Setting Recommended Reasoning
On-policy k2 (naive backprop) Expectation is already over \(p_\theta\), so \(\nabla k2\) lands on the correct gradient
Off-policy \(\text{sg}(\rho) \cdot k2\) or \(\rho \cdot k3\) Samples come from \(\mu_\text{samp} \neq p_\theta\); \(\rho\) re-weights to \(p_\theta\)

The reason k2 is special on-policy: \(\mathbb{E}_{p_\theta}[\nabla_\theta k2] = \mathbb{E}_{p_\theta}[k1 \cdot s_\theta]\), which is exactly the reverse KL gradient. Off-policy, that expectation is over the wrong distribution, so we use sg\((\rho)\) as an IS weight to correct it.


Using KL as a detached reward bonus

Here’s where the most common mistake happens. Since k1 and k3 are both unbiased value estimators for reverse KL, you might think either is fine for reward shaping. But this is actually incorrect.

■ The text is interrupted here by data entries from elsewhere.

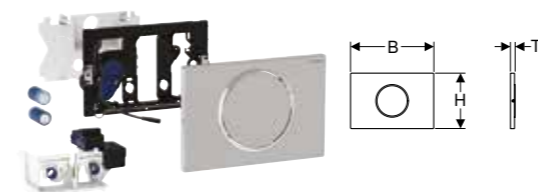

GEBERIT UREĐAJ ZA ISPIRANJE WC-A SA ELEKTRONSKIM AKTIVIRANJEM ISPIRANJA, BATERIJSKO NAPAŽANJE, JEDNOKOLIČINSKO ISPIRANJE, TIPKA ZA AKTIVIRANJE SIGMA10 ZA PREKLOPNU RUČKA ZA OSLANJANJE, RADIOTALASNO AKTIVIRANJE

Prednosti

Aktiviranje ispiranja preko mehanizma za podizanje, bežično, radio-talasi • Jednokoličinsko ispiranje, aktivira se preko tipke za aktiviranje • Baterijsko napajanje • Baterije u zatvorenoj pregradi za baterije u vodokotliću • Sa utičnicom koja se ne može greškom zameniti • Interval ispiranja, prethodno podešen • Interval ispiranja, podesiv • Podešavanja uređaja i rukovanje pomoću mobilnog uređaja putem integrisanog Bluetooth® interfejsa • Kompatibilno sa Geberit Control aplikacijom • Bežično povezivanje sa Geberit mrežnim prolazom preko Bluetooth® veze • Kompatibilno sa Geberit Connect • Mehanizam za podizanje, niskošumni • Električni uređaj za podizanje, sa samostalnom kalibracijom • Tipka za aktiviranje, pričvršćuje se vijcima

Br. art.	Boja / površina	Materijal proizvoda	B [cm]	H [cm]	T [cm]
115.869.16.6	Ploča i taster: crni mat lakirani, sa slojem easy-to-clean Ukrasni prsten: crni	nerđajući čelik	24,6 cm	16,4 cm	1,5 cm

U isporuci od: april 2023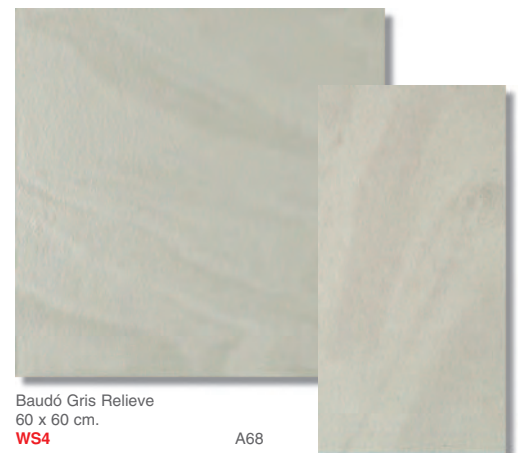

Baudó Beige Relieve  
30 x 60 cm.  
**WRG** A58

Baudó Gris  
60 x 60 cm.  
**WS3** A68

Baudó Gris  
30 x 60 cm.  
**WRK** A58

Baudó Gris P  
60 x 60 cm.  
**KGQ** A77

Baudó Gris P  
30 x 60 cm.  
**KGL** A61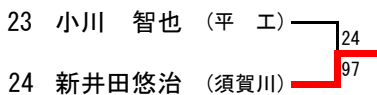

男子シングルス

3位決定戦

7・8位決定戦

5・6位決定戦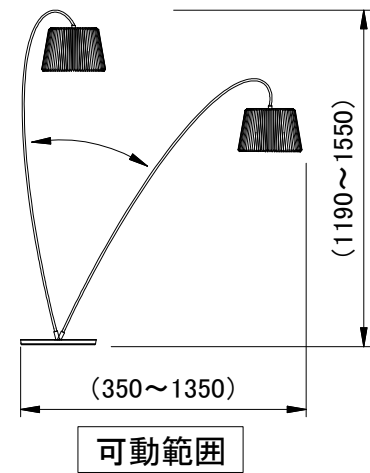

# LE KLINT フロアランプ

フロアランプ 320M スノードロップペーパー

姿図

型番	シェードカラー
KF320MAG	アンズラサイトグレー
KF320MSW	シルクホワイト

7	ベース	スチール	1	黒色塗装	品番	KF320MAG KF320MSW		
6	フットスイッチ	樹脂	1	黒色		適合ランプ	E26 LED電球(60W形相当 電球色) 全方向/広配光タイプ	
5	コード		1	黒色	白熱電球は使用できません			
4	ソケット	樹脂	1	E26	取付場所	室内専用		
2	天板	アクリル	1	乳白色	認証	PSE		
1	シェード	ペーパー	1	図中参照	スイッチ 有り	尺度	-	承認
部番	部品名	材質	数	備考		質量	約8.0Kg	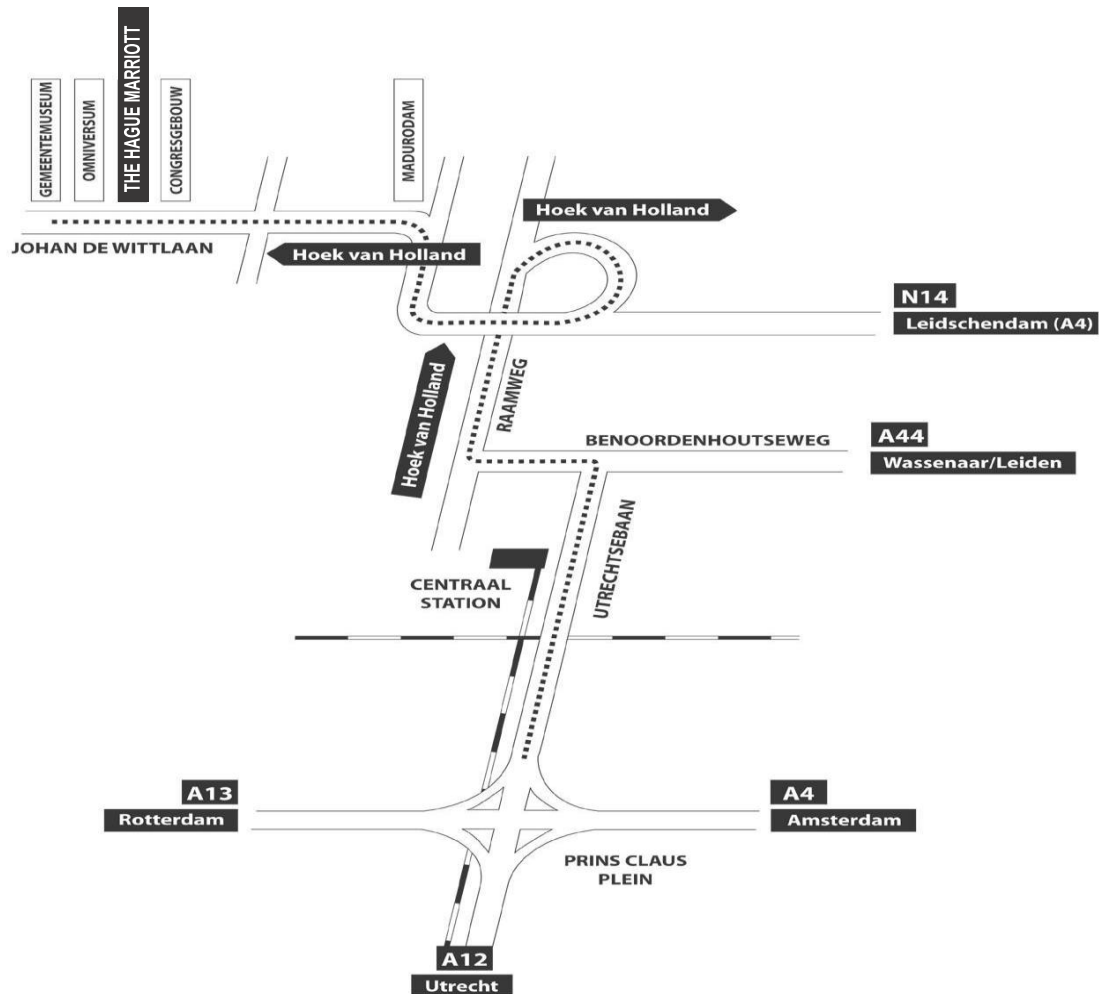

## MARRIOTT THE HAGUE

### **Eigen vervoer**

The Hague Marriott is vanuit alle richtingen goed te bereiken door vanaf de A4, A12, A13 of de A44 Den Haag binnen te komen. In Den Haag volgt u de borden Kijkduin tot u na het congrescentrum World Forum bij het hotel aankomt.

### **Openbaar vervoer**

**Vanaf Centraal Station:** Neem bus 24 richting Kijkduin of tram 16 richting Statenkwartier (voor beide: stap uit bij halte Gemeentemuseum/Museon) of neem tram 1 richting Scheveningen Noorderstrand (halte World Forum).

**Vanaf station Hollands Spoor:** Neem tram 16 richting Statenkwartier (halte Gemeentemuseum/Museon) of tram 1 richting Scheveningen/Noorderstrand (halte World Forum).

The reason is that when KL is a detached reward bonus (reward -= beta * kl.detach()), the KL term only influences training through the policy gradient. So for this to be an unbiased estimate of the true KL-regularized objective, we need the policy gradients to align:

\[\mathbb{E}_{p_\theta}[s_\theta \cdot \hat{k}] = \mathbb{E}_{p_\theta}[s_\theta \cdot k_1]\]
  • k1: \(\mathbb{E}[s_\theta \cdot k_1] = \nabla_\theta D_{KL}(p_\theta \| \mu)\). So this is correct!

  • k3: \(\mathbb{E}[s_\theta \cdot k_3] = -\nabla_\theta D_{KL}(\mu \| p_\theta) + \nabla_\theta D_{KL}(p_\theta \| \mu)\). Note that the first term is adding a forward KL bias term! So despite being value-unbiased and lower variance, using k3 in reward shaping actually makes it a biased estimator

  • k2: this is also similarly biased in the policy gradient term.

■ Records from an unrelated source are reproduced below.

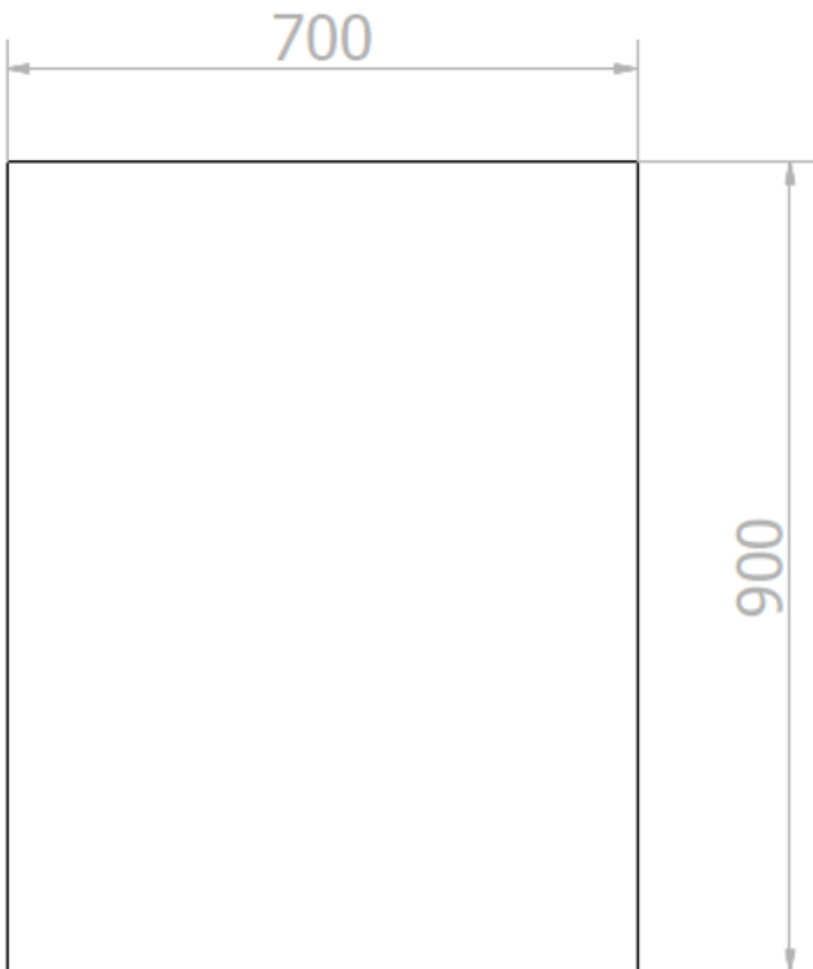

Ctra. Laureà Miró,
385-387
08980 | Sant
Feliu de
Llobregat,
Barcelona - Spain
T. +34 934 742
423
F. +34 934 743
548
nofer@nofer.com
www.nofer.com
www.nofer.com
www.nofer.com

СОПУТСТВУЮЩИЕ
ТОВАРЫ

12055.080

12055.090

12055.100

Эти спецификации могут быть изменены и/или дополнены в связи с производственными требованиями.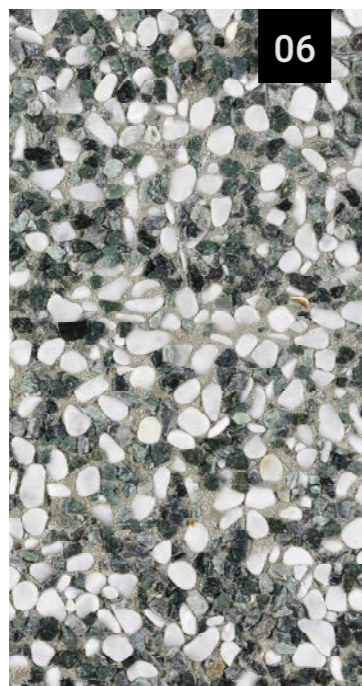

21 Kg

colour range

- 01**] Grey
- 02**] Yellow
- 03**] Pink
- 04**] Structure Grey

Sabbiato Strutturato Grigio H 50
Structure Grey Sandblasted H 50

Sabbiato Strutturato Grigio H 50
Structure Grey Sandblasted H 50

Sabbiato Strutturato Grigio Skyline
Structure Grey Sandblasted Skyline

Sabbiato Grigio H 50
Grey Sandblasted H 50

01

02

03

04

05

06

So TLDR is that for reward shaping, we really only want to use k1. The lower variance of k3 doesn’t matter here because it changes what you’re actually optimizing.


Summary

To wrap things up, the choice of which estimator to use mainly depends on 3 questions: (1) are samples on-policy or off-policy, (2) is KL a differentiable loss or a detached reward bonus, and (3) are you constructing \(\rho\) explicitly?

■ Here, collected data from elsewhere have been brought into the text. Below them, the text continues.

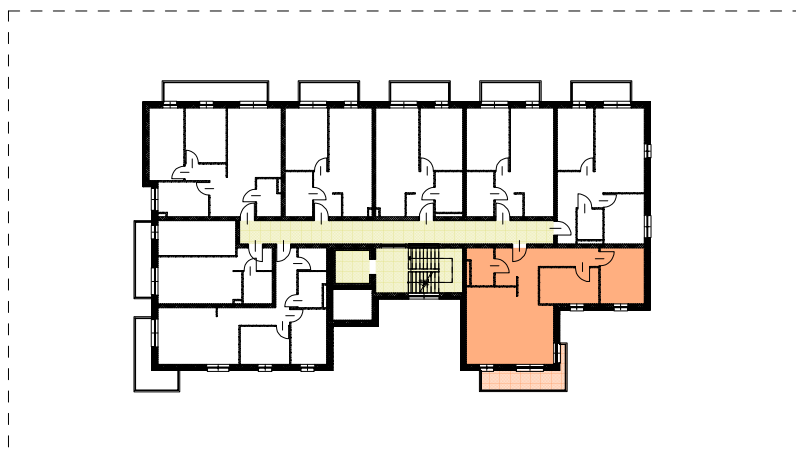

RZUT MIESZKANIA  
SKALA 1:100

<b>LOKALA.4.8</b>	<b>65,33 m<sup>2</sup></b>
salon z aneksem	29,17 m <sup>2</sup>
hol	11,30 m <sup>2</sup>
łazienka	4,59 m <sup>2</sup>
pokój	10,86 m <sup>2</sup>
pokój	9,41 m <sup>2</sup>
balkon	9,04 m <sup>2</sup>

LOKALIZACJA MIESZKANIA NA RZUCIE  
SKALA 1:500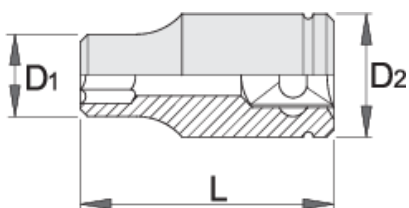

Bussola giravite con profilo interno TX 3/8"

237/1

Profili

Attributi del prodotto

- materiale: acciaio al cromo vanadio flex premium
- forgiata, interamente bonificata
- finitura superficiale: cromata ISO 1456:2009

L

L1

D2

D1

		L	L1	D2	D1	
612121	E 8	28	11	16.8	12	30
612122	E 10	28	11	16.8	13.5	32
612123	E 11	28	11	16.8	14	30
612124	E 12	28	11	16.8	15	32
612125	E 14	28	11	17.8	17	37
612126	E 16	28	11	19.8	19	45

* Le immagini dei prodotti sono puramente simboliche. Tutte le dimensioni sono in mm, peso in grammi.

The key insight from Wang [4] and Tang & Munos [5] is that value unbiasedness \(\neq\) gradient correctness. For example k3 looks great as a value estimator because it’s value is unbiased but it actually breaks in naive loss backprop (giving forward KL) and reward shaping (adding forward KL bias). On the other hand, k2 is biased as a value estimator but is the only estimator that actuallys works (albeit accidentally)in the naive on-policy loss case.

Use case Correct choice Wrong choice
Detached reward bonus \(k1\) \(k3\) (value-unbiased but gradient-biased!)
Loss term, naive on-policy \(k2\) \(k1\) (zero gradient), \(k3\) (forward KL!)
Loss term, explicit \(\rho\) or off-policy \(\text{sg}(\rho) \cdot \text{k2}\) or \(\rho \cdot \text{k3}\) \(\rho \cdot \text{k2}\) (\(\rho\) kept in grad)

References

  1. Dibya Ghosh. KL Divergence for Machine Learning. dibyaghosh.com/blog, 2023.
  2. John Schulman. Approximating KL Divergence. joschu.net/blog, 2020.
  3. Cursor. Composer 2 Technical Report. cursor.com/resources/Composer2.pdf, 2025.
  4. Xihuai Wang. Choosing KL Estimators in RL: From Value Unbiasedness to Gradient Correctness. xihuai18.github.io, 2025.
  5. Yunhao Tang and Rémi Munos. On a few pitfalls in KL divergence gradient estimation for RL. arXiv:2506.09477, 2025.